According to TII, Falcon 180B is trained on 3.5 trillion tokens on 4096 GPUs simultaneously, using Amazon SageMaker for a total of ~7,000,000 GPU hours. To put it into perspective, Falcon 180B is 2.5 times bigger than Llama 2 and required four times more computational power for its training. It’s certainly intriguing how UAE’s TII manages to obtain such substantial computing power.

UAE has Oil Money 

The UAE, as an oil-rich nation, has ample financial resources at its disposal. According to a report hydrocarbons continue to play a critical role in the UAE economy, with 30% of the UAE’s GDP directly based on oil and gas industry and 13% of its exports. 

The UAE is allocating the money earned from oil to fund AI projects. Six years ago, they launched the National Strategy for AI 2031, aiming to make AI contribute significantly to their economy, targeting up to 13.6% of their GDP by 2030. 

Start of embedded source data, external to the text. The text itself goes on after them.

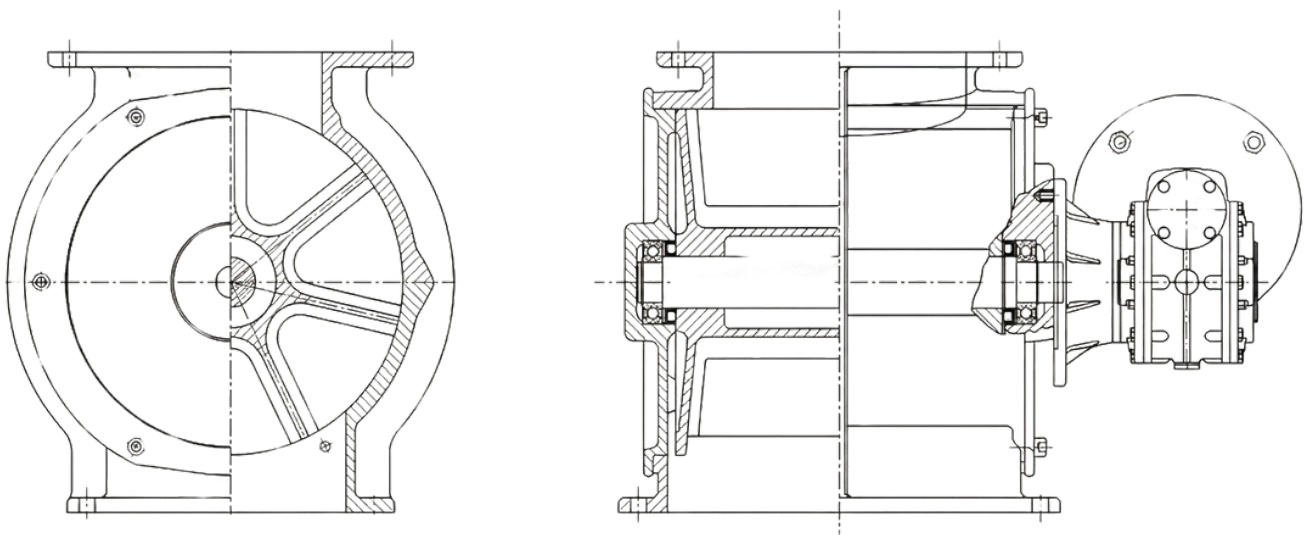

ENGINEERED ACROSS PERFORMANCE TIERS

Every Rotary Valve within our complete range is developed using precision CNC machining, controlled rotor-to-housing tolerances, and performance-driven design principles.

From standard industrial construction to premium reinforced platforms, each series is engineered to deliver stable volumetric control, minimal air leakage, and extended service life under varying operating conditions.

ENGINEERING FEATURES

- Precision CNC-machined housings
- Optimized rotor geometry for stable discharge
- Controlled clearances for airlock efficiency
- Advanced sealing configurations
- Heavy-duty bearing and shaft protection systems

In 2020, UAE government established ARTC (Advanced Technology Research Council) to promote scientific research and innovations in AI. A few months later, ARTC established TII which today is behind the creation of Falcon 180B. There is no doubt that UAE is bullish on investing in AI initiatives. In June, when OpenAI CEO Sam Altman visited Abu Dhabi, he praised the nation’s foresight in recognising the potential of AI, stating that the city “has been talking about AI since before it was cool”.

While the world has been struggling to procure NVIDIA GPUs, UAE secured access to thousands of NVIDIA chips, which it used to build the Falcon model in May. Moreover, the report added that UAE wants to control and own its own computational power and talent without depending on Chinese or Americans. There is no doubt that they have capital, energy resources and talent to do that.  

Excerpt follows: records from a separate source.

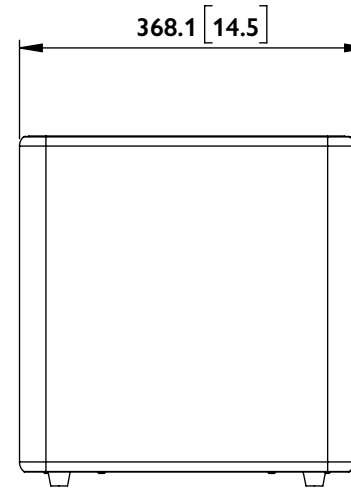

FRONT

SIDE

BACK

BOTTOM

Kube 10 MIE

UNIT: MM [INCH]
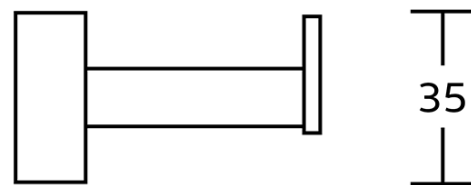

### Size

Width: 85 mm  
Height: 35 mm  
Depth: 60 mm

### Properties

Colour: Chrome  
Material: Alloy  
Shape: Square  
Type: Hook  
Installation: Drilling  
Weight / Piece: 0.17 kg  
Packaging: 1 Piece  
Warranty: 2 years

Technical sheet

35

35

85

60

Similarly, Saudi Arabia also purchased no less than 3,000 H100 chips. These processors are valued at $40,000 each. The acquisition was facilitated through the public research institution, King Abdullah University of Science and Technology (KAUST). A little number-crunching and it becomes apparent that Saudi invested a staggering $120 million to secure this impressive array of GPUs. 

This is the reason why when the US tried to ban the export of AI chips to the middle-east nations, AMD and NVIDIA both raised eyebrows. All the major economies of the world right now are engaged in the LLM race which has led to cold war with the US trying its best to forbid domestic AI chip manufacturers form supporting their competitors.

Not only this, UAE’s G42 recently launched Arabic language AI model Jais which contains 13 billion parameters. Jais was created with the help of supercomputers produced by the Silicon Valley-based Cerebras Systems for which it had signed a $100 million deal with G42. As NVIDIA’s chips were short in supply, UAE was smart enough to seek alternatives. 

Moreover, G42  in 2021 raised $800 million from US tech investment firm Silver Lake, which has backing from Mubadala, the UAE’s sovereign wealth fund.

What about OpenAI?

Coming to OpenAI, the company’s progress is largely dependent on the multi-billion dollar investment it received from Microsoft at the beginning of the year. However, with the recent developments it appears that it has exhausted the investment. Recently, Altman posted on X that the company is not coming up with GPT-5 or GPT- 4.5 in the near future and asked people to calm down.

According to The Information report, OpenAI losses roughly doubled to around $540 million last year as it developed ChatGPT and GPT-4. According to reports, training GPT-3 with 175 billion parameters cost them more than $4 million. Now, with GPT-4 rumoured to have about 1.76 trillion parameters, the cost of building the model comes up close to $46.3 billion, assuming a linear increase in cost per parameter. Again, this is a simplified estimate, and the actual cost may vary based on various aspects, including research and development costs, talent, hardware improvements, and more. 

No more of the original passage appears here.